They can go from the detection of lines and colors in a very classic way to artificial intelligence.

Computer vision started in the 50s, when transcribing the shapes of certain objects. The end of the century led us to the development of techniques such as Canny-edge detection which allows us to distinguish the evolution of the color in an image.

In 2001, the Viola-Jones algorithm demonstrated the ability of a computer to recognize a face.

Histogram of Oriented Gradients

In the following years Machine Learning became popular for object detection with the widespread use of Histogram of Oriented Gradients (HOG) and classifiers. The goal is to train a model to recognize the shapes of an object by recognizing its different orientations (gradients). The histograms of oriented gradients retain the shapes and directions of each pixel; then average over a wider area.

Deep Learning then became very popular for its performance, due to the arrival of powerful GPUs (Graphical Processor Units allowing parallel operations, not one after another) and the accumulation of data. Before GPUs, Deep Learning algorithms did not work on our machines.
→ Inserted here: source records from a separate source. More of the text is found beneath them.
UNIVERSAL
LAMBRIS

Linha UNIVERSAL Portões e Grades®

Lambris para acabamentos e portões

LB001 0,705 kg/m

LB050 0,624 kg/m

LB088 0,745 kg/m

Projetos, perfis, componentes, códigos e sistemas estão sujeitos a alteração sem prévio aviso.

Computer vision can be done by three approaches:

  • Without artificial intelligence , by analyzing shapes and colors
  • In Machine Learning, learning from features
  • In Deep Learning, learning alone.

Machine Learning

Machine Learning is a discipline used in Computer Vision to learn how to identify shapes.

There are two types of learning:

  1. Supervised learning allows us to create rules automatically from a learning database.
    We distinguish :

a. Classification : Predict whether a data belongs to one class or another. (example: dog or cat).
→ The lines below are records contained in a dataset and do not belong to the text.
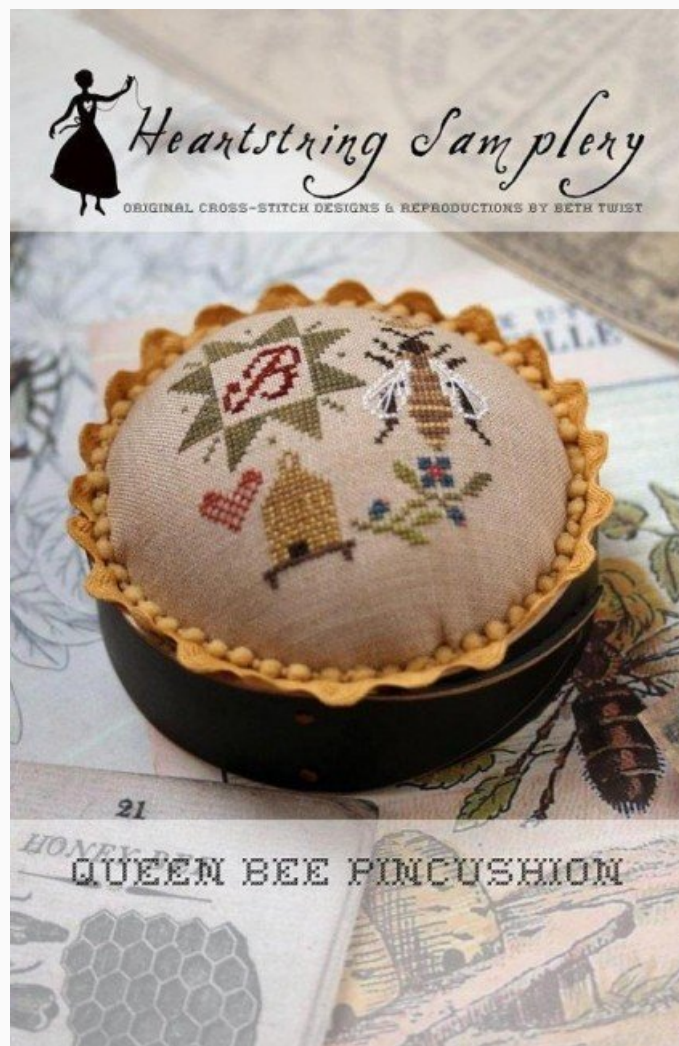

Festive Little Fobs Three - Stitching Edition

Precio: € 12.48 (incl. IVA)

Esquemas Punto de Cruz

Queen Bee Pincushion

da: Heartstring Samplery

Modello: SCHHOF18-1337

Queen Bee Pincushion

Precio: € 12.48 (incl. IVA)

b. Regression : Predict one data based on another. (example: The price of a house from its size or zip code)

2. Unsupervised learning means that similar data are automatically grouped together.
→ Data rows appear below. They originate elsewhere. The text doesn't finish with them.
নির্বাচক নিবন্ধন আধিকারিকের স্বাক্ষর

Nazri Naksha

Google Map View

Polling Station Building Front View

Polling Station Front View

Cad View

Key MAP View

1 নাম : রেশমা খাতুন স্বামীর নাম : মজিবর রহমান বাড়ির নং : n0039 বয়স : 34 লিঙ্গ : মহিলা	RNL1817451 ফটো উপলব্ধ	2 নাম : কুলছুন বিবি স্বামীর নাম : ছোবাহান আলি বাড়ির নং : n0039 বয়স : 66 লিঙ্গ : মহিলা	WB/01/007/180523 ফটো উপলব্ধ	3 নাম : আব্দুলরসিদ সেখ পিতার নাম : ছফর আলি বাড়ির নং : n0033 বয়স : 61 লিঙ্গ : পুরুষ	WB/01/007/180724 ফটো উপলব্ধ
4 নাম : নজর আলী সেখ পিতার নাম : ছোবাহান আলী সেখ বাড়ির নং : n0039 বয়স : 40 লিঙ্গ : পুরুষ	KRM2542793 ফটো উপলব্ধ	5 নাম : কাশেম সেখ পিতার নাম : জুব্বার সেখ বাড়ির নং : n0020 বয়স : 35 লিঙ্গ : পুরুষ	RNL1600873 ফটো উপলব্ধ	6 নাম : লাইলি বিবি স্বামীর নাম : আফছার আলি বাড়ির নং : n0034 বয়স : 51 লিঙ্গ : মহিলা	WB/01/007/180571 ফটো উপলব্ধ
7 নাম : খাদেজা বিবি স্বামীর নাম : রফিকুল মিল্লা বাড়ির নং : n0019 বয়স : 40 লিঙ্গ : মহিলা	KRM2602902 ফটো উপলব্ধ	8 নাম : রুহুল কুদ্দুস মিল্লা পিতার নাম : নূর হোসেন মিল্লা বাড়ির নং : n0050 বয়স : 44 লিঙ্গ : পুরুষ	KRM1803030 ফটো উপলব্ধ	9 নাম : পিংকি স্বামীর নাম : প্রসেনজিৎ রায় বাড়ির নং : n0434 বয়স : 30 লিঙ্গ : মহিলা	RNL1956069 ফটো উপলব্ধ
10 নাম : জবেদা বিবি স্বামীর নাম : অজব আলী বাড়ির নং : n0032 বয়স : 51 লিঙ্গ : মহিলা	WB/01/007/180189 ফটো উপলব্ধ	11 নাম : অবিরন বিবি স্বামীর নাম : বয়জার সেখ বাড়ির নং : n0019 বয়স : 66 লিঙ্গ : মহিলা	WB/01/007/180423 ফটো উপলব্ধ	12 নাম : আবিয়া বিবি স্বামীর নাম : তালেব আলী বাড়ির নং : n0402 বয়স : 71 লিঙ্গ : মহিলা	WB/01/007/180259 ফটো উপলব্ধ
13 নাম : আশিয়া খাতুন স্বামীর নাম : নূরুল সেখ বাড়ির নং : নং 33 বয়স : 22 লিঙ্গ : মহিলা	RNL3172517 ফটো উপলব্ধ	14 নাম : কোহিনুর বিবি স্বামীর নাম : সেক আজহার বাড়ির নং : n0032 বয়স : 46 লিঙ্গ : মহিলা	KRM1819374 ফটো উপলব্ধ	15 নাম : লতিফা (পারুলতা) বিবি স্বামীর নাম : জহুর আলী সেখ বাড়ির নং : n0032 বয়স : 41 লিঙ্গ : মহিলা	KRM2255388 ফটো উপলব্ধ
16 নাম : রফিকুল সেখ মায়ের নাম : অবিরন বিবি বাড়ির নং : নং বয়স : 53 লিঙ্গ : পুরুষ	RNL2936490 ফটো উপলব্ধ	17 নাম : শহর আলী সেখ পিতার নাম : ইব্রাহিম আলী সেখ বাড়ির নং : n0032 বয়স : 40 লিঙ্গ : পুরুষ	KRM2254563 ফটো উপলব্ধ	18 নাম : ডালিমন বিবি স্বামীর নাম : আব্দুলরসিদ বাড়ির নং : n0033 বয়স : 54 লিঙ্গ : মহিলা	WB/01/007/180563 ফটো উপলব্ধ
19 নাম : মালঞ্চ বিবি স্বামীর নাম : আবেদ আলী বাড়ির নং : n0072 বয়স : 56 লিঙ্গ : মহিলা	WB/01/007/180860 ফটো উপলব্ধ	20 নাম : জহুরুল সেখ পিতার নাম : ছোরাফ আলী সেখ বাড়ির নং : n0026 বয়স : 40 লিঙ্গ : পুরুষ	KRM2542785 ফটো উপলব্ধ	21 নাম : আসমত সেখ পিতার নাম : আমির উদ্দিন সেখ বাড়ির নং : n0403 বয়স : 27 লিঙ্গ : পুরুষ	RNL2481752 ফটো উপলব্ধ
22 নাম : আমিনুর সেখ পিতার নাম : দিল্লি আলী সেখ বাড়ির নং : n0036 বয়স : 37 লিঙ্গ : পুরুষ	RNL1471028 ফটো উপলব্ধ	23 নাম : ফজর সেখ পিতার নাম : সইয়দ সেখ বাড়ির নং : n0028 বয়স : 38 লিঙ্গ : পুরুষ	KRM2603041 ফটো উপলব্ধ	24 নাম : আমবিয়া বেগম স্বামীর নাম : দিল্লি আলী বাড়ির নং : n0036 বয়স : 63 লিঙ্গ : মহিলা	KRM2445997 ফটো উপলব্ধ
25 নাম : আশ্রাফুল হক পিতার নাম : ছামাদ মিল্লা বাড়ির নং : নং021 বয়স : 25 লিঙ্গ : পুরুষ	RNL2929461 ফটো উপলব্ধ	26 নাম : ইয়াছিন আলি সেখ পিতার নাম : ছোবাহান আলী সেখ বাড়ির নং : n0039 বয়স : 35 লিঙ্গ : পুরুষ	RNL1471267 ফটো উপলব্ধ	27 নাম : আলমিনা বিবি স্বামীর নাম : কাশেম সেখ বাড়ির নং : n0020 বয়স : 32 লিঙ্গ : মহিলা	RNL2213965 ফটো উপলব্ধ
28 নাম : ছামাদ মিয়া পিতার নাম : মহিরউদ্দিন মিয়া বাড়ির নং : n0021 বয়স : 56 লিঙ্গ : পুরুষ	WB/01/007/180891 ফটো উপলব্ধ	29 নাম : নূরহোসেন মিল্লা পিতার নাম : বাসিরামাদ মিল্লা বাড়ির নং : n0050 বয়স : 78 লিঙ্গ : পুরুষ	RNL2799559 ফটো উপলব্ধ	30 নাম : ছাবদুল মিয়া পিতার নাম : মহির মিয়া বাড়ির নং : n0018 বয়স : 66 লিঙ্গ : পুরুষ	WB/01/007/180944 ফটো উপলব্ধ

There are four steps in the process of supervised learning for car detection

  1. The first one is the creation of a database of images of cars and road. Supervised learning involves indicating which image corresponds to a car and which image represents the background. This is called labeling.
Dataset

2. To see which features belong to a car, we try our image with different color spaces. We get the form using HOG features. The image is transformed into feature vectors.

Extraction of HOG features and color features

3. These vectors are concatenated and used as a training base. In the graph below, the shapes and colors are indicated on the vertical and horizontal axes.
Our classes are our blue points (car) and oranges one (non car). We must also choose a classifier.

A machine learning algorithm is meant to draw a line separating two classes according to features. The new points (white cross) are then predicted according to their positions relative to the line. The more training data we have , the more accurate the prediction will be.

Classification

4. The last step is prediction. It implements an algorithm that goes through the image and converts it into a vector with the same features used for training. Each part of the image is analyzed and passed to the classifier who draws bounding boxes around the cars.

Prediction

Machine Learning’s algorithms allow to choose which features are used for training.These algorithms are today used more in data manipulation than in image recognition because of the arrival of Deep Learning and neural networks. Moreover, the detection is slow and generates a lot of false positives. To eliminate them, we need a lot of background images (roads, streets, …).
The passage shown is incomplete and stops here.